(Saved entries)
=== Section Start ===

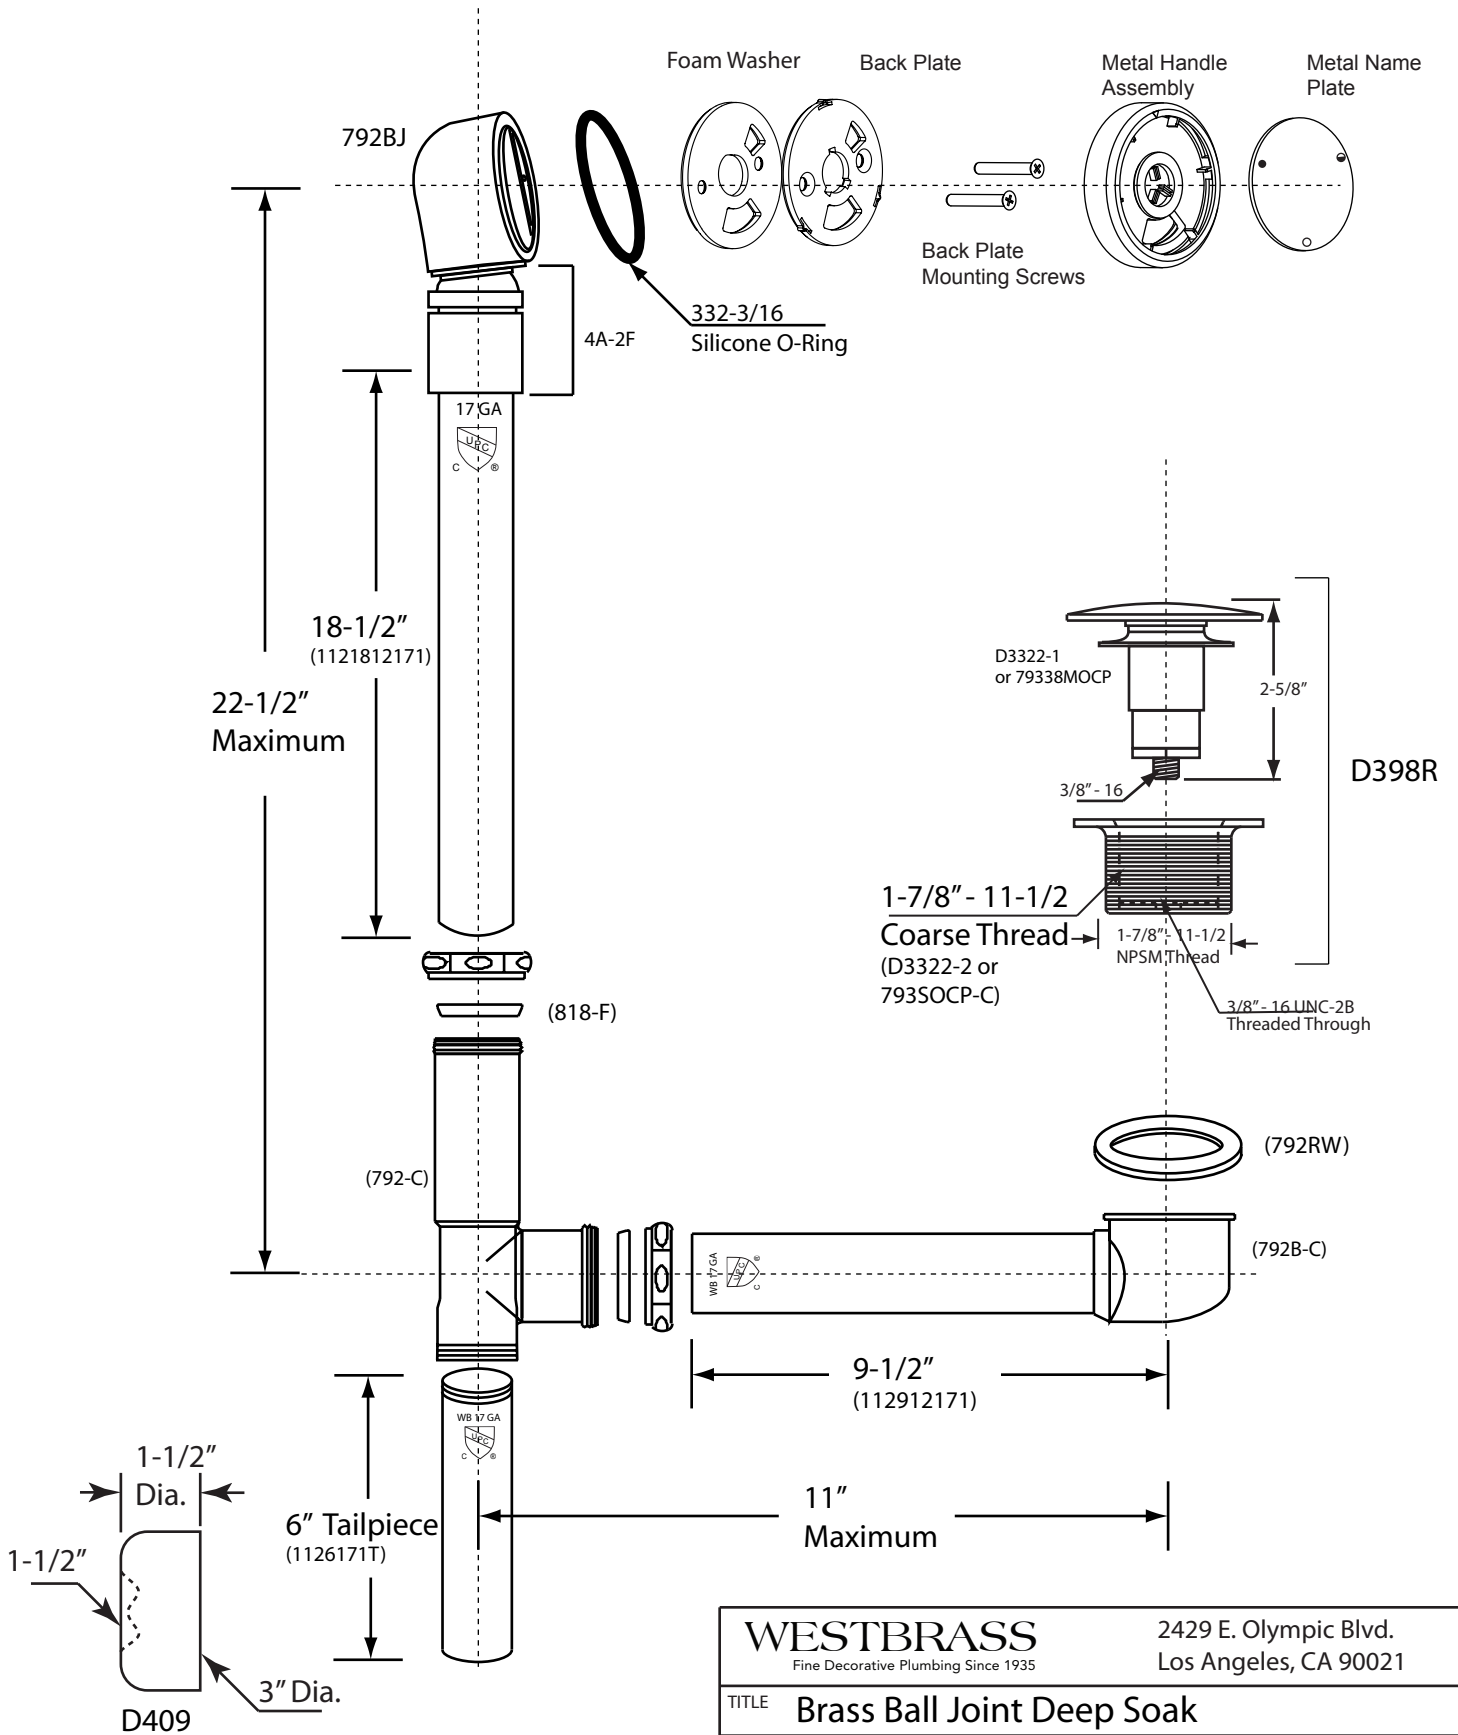

7931817BJCHM

WESTBRASS
Fine Decorative Plumbing Since 1935

2429 E. Olympic Blvd.
Los Angeles, CA 90021

TITLE Brass Ball Joint Deep Soak		DATE 1-26-17		REV A
DWG NO. 7931817BJCHM	Scale NTS		mrohfs	Sheet 1 of 1
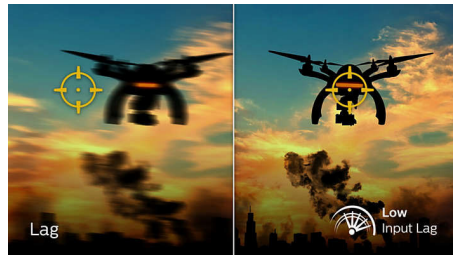

Low Input Lag

Input lag is the amount of time that elapses between performing an action with connected devices and seeing the result on screen. Low input lag reduces the time delay between entering a command from your devices to monitor, greatly improve on playing twitch-sensitive video games, particularly important to whom plays fast-paced, competitive games.
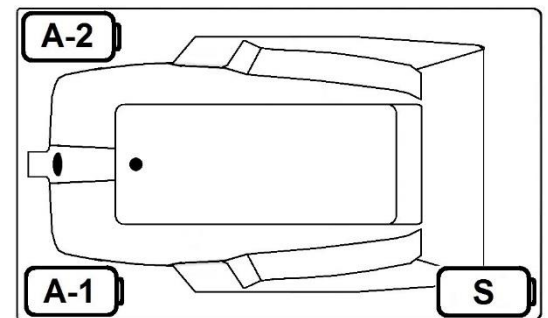

### Features

- Color-matched jet trim
- 8 adjustable hydrotherapy jets
- Pillow included
- Constructed of high-gloss durable acrylic
- 3-Speed control for the 9.0 Amp pump
- Inline heater available – LM300
- Mood light available – LM522
- Pre-leveled base for easy installation
- Made in the USA

**\*All dimensions are +/- 1/4" and subject to change without notice\***  
**Confirm specifications before installation**

Standard (S) Pump Location and Alternate (A-1 & A-2) Pump locations.

1 1/4 Flange (3 Sides + Skirt)
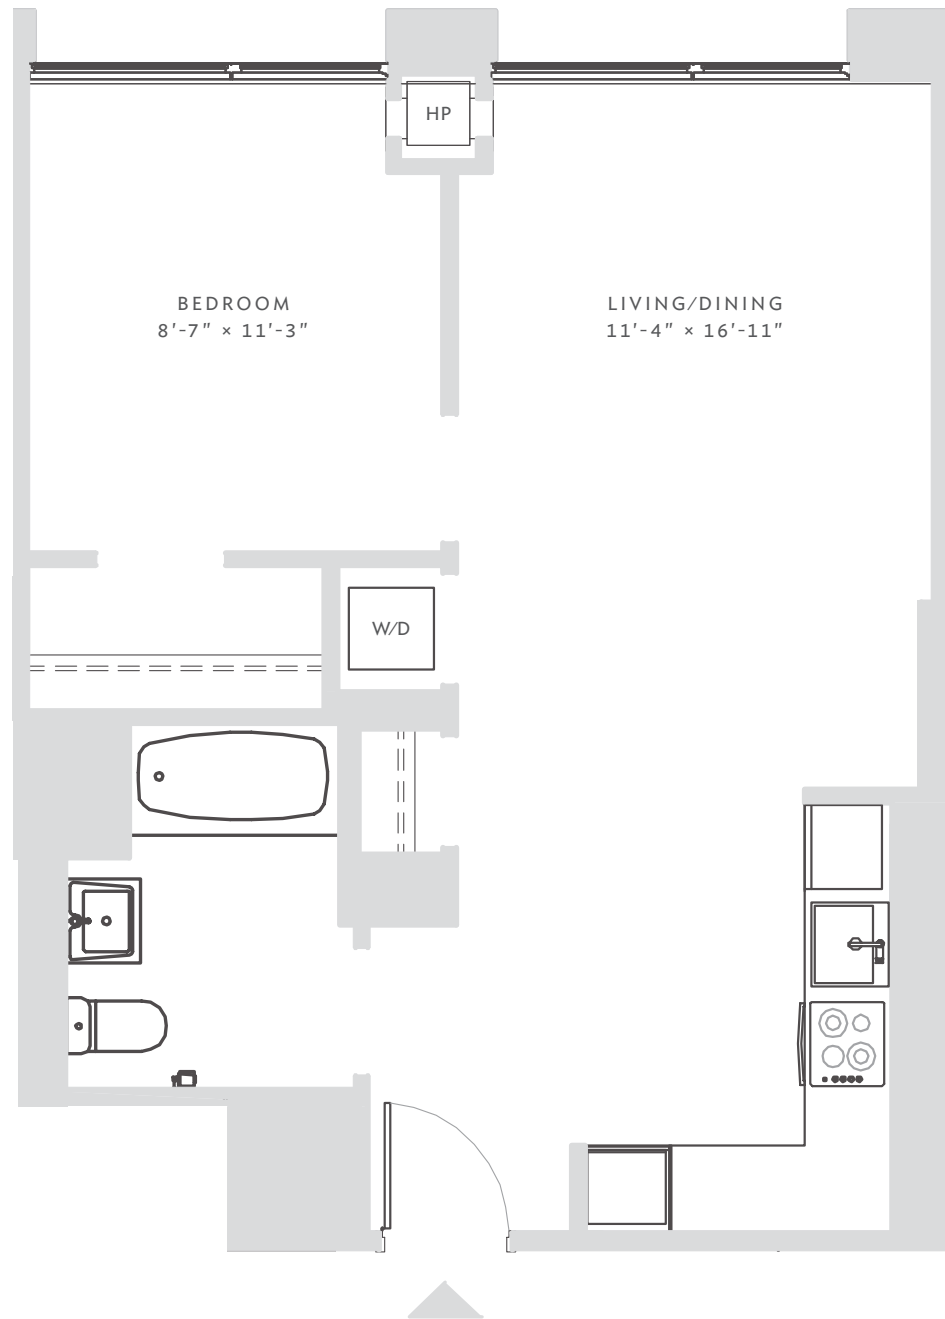

# ENCLAVE

AT THE CATHEDRAL

RESIDENCE 1519-1618  
 1 BEDROOM  
 1 BATH

APARTMENT  
 zoned climate control  
 floor-to-ceiling windows  
 washer / dryer

KITCHEN  
 strip kitchen  
 custom lighting  
 white quartzite counter tops  
 Grohe pullout sink faucets  
 stainless steel  
 Blomberg appliances

BATHROOM  
 Grohe fixtures  
 white quartzite counter tops  
 gray porcelain flooring  
 white subway tile shower with elegant Grohe fixtures

DATE \_\_\_\_\_

RENT \_\_\_\_\_

AGENT \_\_\_\_\_

All information regarding the floor plan is from sources deemed reliable. However, The Brodsky Organization cannot assure its accuracy and bears no responsibility for any errors, omissions or misstatements. The plan is for approximate informational purposes only and should be used as such by the prospective renter. All dimensions are approximate and should be re-measured by the prospective renter for absolute accuracy.

=== Section End ===

Problem.
Please write every line above out exactly as given, except for any pictures.

Response.
7931817BJCHM

WESTBRASS
Fine Decorative Plumbing Since 1935

2429 E. Olympic Blvd.
Los Angeles, CA 90021

TITLE Brass Ball Joint Deep Soak		DATE 1-26-17		REV A
DWG NO. 7931817BJCHM	Scale NTS		mrohfs	Sheet 1 of 1

Low Input Lag

Input lag is the amount of time that elapses between performing an action with connected devices and seeing the result on screen. Low input lag reduces the time delay between entering a command from your devices to monitor, greatly improve on playing twitch-sensitive video games, particularly important to whom plays fast-paced, competitive games.

### Features

- Color-matched jet trim
- 8 adjustable hydrotherapy jets
- Pillow included
- Constructed of high-gloss durable acrylic
- 3-Speed control for the 9.0 Amp pump
- Inline heater available – LM300
- Mood light available – LM522
- Pre-leveled base for easy installation
- Made in the USA

**\*All dimensions are +/- 1/4" and subject to change without notice\***  
**Confirm specifications before installation**

Standard (S) Pump Location and Alternate (A-1 & A-2) Pump locations.

1 1/4 Flange (3 Sides + Skirt)

# ENCLAVE

AT THE CATHEDRAL

RESIDENCE 1519-1618  
 1 BEDROOM  
 1 BATH

APARTMENT  
 zoned climate control  
 floor-to-ceiling windows  
 washer / dryer

KITCHEN  
 strip kitchen  
 custom lighting  
 white quartzite counter tops  
 Grohe pullout sink faucets  
 stainless steel  
 Blomberg appliances

BATHROOM  
 Grohe fixtures  
 white quartzite counter tops  
 gray porcelain flooring  
 white subway tile shower with elegant Grohe fixtures

DATE \_\_\_\_\_

RENT \_\_\_\_\_

AGENT \_\_\_\_\_

All information regarding the floor plan is from sources deemed reliable. However, The Brodsky Organization cannot assure its accuracy and bears no responsibility for any errors, omissions or misstatements. The plan is for approximate informational purposes only and should be used as such by the prospective renter. All dimensions are approximate and should be re-measured by the prospective renter for absolute accuracy.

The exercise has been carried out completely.